Should you wish to tender all or some of your Shares during this tender offer period, please complete the enclosed Letter of Transmittal and return it by mail or email to the Fund’s transfer agent, Ultimus Fund Solutions, LLC (the “Transfer Agent”), Attention: Golub Capital Private Income Fund I, using one of the below options or to your financial advisor as instructed in the Letter of Transmittal:

 

Regular Mail -

P.O. Box 46707

Cincinnati, OH 45246-0707

   
Overnight Mail -

225 Pictoria Dr., Suite 450

Cincinnati, OH 45246

   
Email (Please send email to both addresses)

golubcapital@ultimusfundsolutions.com

ic@golubcapital.com

 

If your shares are held at your financial advisor, broker, dealer or other financial intermediary (“Authorized Intermediary”), please ask your Authorized Intermediary sufficiently in advance of the Expiration Date to submit a repurchase request for you. You may be charged a transaction fee by your Authorized Intermediary for this service.
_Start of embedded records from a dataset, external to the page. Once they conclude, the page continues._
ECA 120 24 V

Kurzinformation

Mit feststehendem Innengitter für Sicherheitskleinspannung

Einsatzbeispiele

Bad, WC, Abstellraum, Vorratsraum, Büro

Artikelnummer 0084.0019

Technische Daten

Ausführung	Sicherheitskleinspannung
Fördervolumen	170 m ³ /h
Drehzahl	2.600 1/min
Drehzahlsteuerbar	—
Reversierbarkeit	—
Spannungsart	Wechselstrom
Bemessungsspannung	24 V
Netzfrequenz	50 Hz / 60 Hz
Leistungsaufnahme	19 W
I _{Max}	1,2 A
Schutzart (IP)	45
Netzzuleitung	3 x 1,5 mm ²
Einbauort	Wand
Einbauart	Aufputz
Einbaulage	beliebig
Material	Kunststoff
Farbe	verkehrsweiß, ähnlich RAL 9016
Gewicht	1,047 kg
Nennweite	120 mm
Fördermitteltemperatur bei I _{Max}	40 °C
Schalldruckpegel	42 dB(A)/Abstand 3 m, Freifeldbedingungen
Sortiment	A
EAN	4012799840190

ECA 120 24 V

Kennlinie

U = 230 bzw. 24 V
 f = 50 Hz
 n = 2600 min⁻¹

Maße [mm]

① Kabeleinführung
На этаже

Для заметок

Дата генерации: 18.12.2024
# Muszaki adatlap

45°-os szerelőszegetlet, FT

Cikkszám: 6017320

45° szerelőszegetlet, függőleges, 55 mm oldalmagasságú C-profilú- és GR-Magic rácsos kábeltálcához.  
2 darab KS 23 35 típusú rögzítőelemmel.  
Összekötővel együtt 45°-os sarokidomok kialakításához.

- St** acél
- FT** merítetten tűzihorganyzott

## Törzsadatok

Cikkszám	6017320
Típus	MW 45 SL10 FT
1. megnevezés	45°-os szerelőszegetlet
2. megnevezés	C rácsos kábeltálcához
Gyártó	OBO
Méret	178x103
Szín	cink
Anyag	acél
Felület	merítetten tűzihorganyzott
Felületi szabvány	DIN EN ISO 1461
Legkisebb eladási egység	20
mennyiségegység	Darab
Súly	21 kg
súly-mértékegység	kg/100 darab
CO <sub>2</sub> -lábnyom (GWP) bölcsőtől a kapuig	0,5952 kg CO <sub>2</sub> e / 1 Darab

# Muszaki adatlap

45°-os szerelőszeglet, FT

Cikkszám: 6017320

Note that certain Shareholders may be required to deliver their Letter of Transmittal to their Authorized Intermediary for the repurchase request to be considered in good order. However, such Shareholders should submit their Letter of Transmittal to the Fund at the same time they submit the Letter of Transmittal to their Authorized Intermediary. Additionally, for accounts held through a custodial relationship, Shareholders should send the completed Letter of Transmittal to such custodian (along with any custodian required documentation) at the same time the Letter of Transmittal is submitted to the Fund. All Shareholders tendering Shares should carefully review their Letter of Transmittal and follow the delivery instructions therein.

 

All tenders of Shares must be received in good order by the Fund’s Transfer Agent by 11:59 p.m., Eastern Time, on July 29, 2026.